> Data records
========================

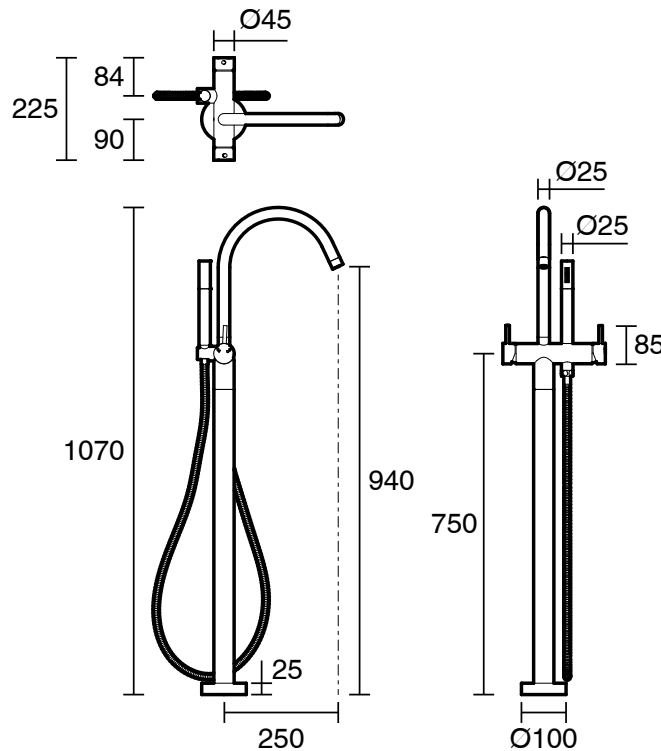

SUSSEX

**Sussex Scala Floor Mounted Bath Mixer Tap Curved Outlet with Handshower
LUX PVD Brushed Smoke Gunmetal (3 Star)
2269151**

SPECIFICATIONS	
Recommended Use	Residential;Commercial
Colour Finish	Brushed Smoke Gunmetal
Primary Material	Brass
Recommended Pressure Range	150 - 500 kPa as per AS3500
Max Continuous Working Temperature (deg C)	65
Min Continuous Working Temperature (deg C)	1
WARRANTY	
Residential Use (Years)	40
Commercial Use (Years)	10
<i>Please refer to Sussex Warranty page for full Terms and Conditions</i>	

Disclaimer: Products in this specification manual must by regulation be installed by licensed and registered trade people. The manufacturer/distributor reserves the right to vary specifications or delete models from their range without prior notification. Dimensions are nominal measurements only. Dimensions and set-outs listed are correct at time of publication however the manufacturer/distributor takes no responsibility for printing errors.

========================

> THE PROBLEM
Leave out the pictures and give the rest of the records again exactly.

> OUTPUT
SUSSEX

**Sussex Scala Floor Mounted Bath Mixer Tap Curved Outlet with Handshower
LUX PVD Brushed Smoke Gunmetal (3 Star)
2269151**

SPECIFICATIONS	
Recommended Use	Residential;Commercial
Colour Finish	Brushed Smoke Gunmetal
Primary Material	Brass
Recommended Pressure Range	150 - 500 kPa as per AS3500
Max Continuous Working Temperature (deg C)	65
Min Continuous Working Temperature (deg C)	1
WARRANTY	
Residential Use (Years)	40
Commercial Use (Years)	10
<i>Please refer to Sussex Warranty page for full Terms and Conditions</i>	

Disclaimer: Products in this specification manual must by regulation be installed by licensed and registered trade people. The manufacturer/distributor reserves the right to vary specifications or delete models from their range without prior notification. Dimensions are nominal measurements only. Dimensions and set-outs listed are correct at time of publication however the manufacturer/distributor takes no responsibility for printing errors.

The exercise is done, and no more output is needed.